**Recorded data**.

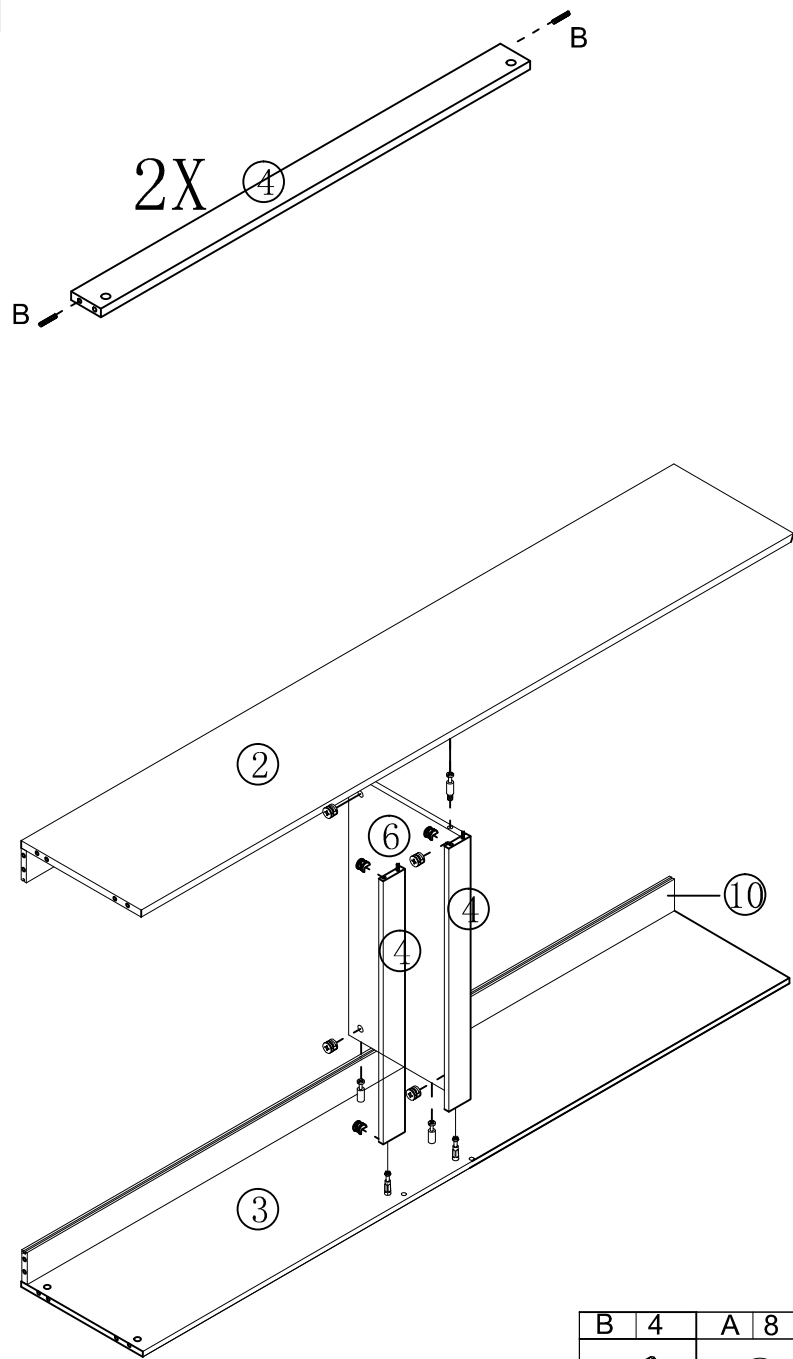

NO		Part	Qty
A		big three in one ET-15	50
B		dowel Ø8*30	16
C		runner L10"	1
D		screw Ø3.5*12	12
E		screw Ø3.5*30	5
F		shelf holder Ø6	32
G		door hinge	8
H		screw Ø4*14	48
I		air net Ø60	4
J		rubber buffer Ø5	8
K		in wall screw Ø5*60	4
L		colloidal Ø8	4
M		screw Ø3*14	8
N		triangle bolt	8
O		gasket Ø6	4
P		plastic cover Ø18	8

picture 1

A	4	D	6	E	4
					
ET-15		∅3.5*12		∅3.5*30	

picture 2

A	4	B	4
			
ET-15		∅8*30	

picture 3

A	6
	
ET-15	

picture 4

A	16	B	8	D	6	C	1
							
ET-15		∅8*30		∅3.5*12		10"	

picture 5

B	4	A	8
 Ø8*30		 ET-15	

picture 6

E	1	A	10
 Ø3.5*30		 ET-15	

picture 7

I	4
	
ø60	

picture 8

A	10
	
ET-15	

picture 9

N	8	M	8
			
		Ø3*14	

picture 10

P	8	O	4	F	32	K	4	L	4
									
		Ø6		Ø6		Ø5*60		Ø8	

picture 11

J	8	H	48	G	8
					
$\phi 5$		$\phi 4 * 14$			

picture 12

picture 13
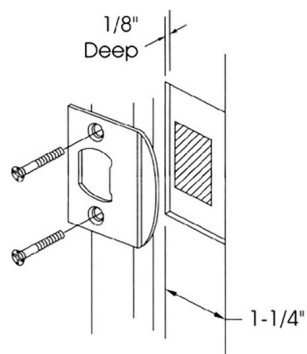

Door Jamb For Active Locks

**Task brief**.
The answer is the entries above, given again exactly, with no pictures among them.

**Your response**.
NO		Part	Qty
A		big three in one ET-15	50
B		dowel Ø8*30	16
C		runner L10"	1
D		screw Ø3.5*12	12
E		screw Ø3.5*30	5
F		shelf holder Ø6	32
G		door hinge	8
H		screw Ø4*14	48
I		air net Ø60	4
J		rubber buffer Ø5	8
K		in wall screw Ø5*60	4
L		colloidal Ø8	4
M		screw Ø3*14	8
N		triangle bolt	8
O		gasket Ø6	4
P		plastic cover Ø18	8

picture 1

A	4	D	6	E	4
					
ET-15		∅3.5*12		∅3.5*30	

picture 2

A	4	B	4
			
ET-15		∅8*30	

picture 3

A	6
	
ET-15	

picture 4

A	16	B	8	D	6	C	1
							
ET-15		∅8*30		∅3.5*12		10"	

picture 5

B	4	A	8
 Ø8*30		 ET-15	

picture 6

E	1	A	10
 Ø3.5*30		 ET-15	

picture 7

I	4
	
ø60	

picture 8

A	10
	
ET-15	

picture 9

N	8	M	8
			
		Ø3*14	

picture 10

P	8	O	4	F	32	K	4	L	4
									
		Ø6		Ø6		Ø5*60		Ø8	

picture 11

J	8	H	48	G	8
					
$\phi 5$		$\phi 4 * 14$			

picture 12

picture 13

Door Jamb For Active Locks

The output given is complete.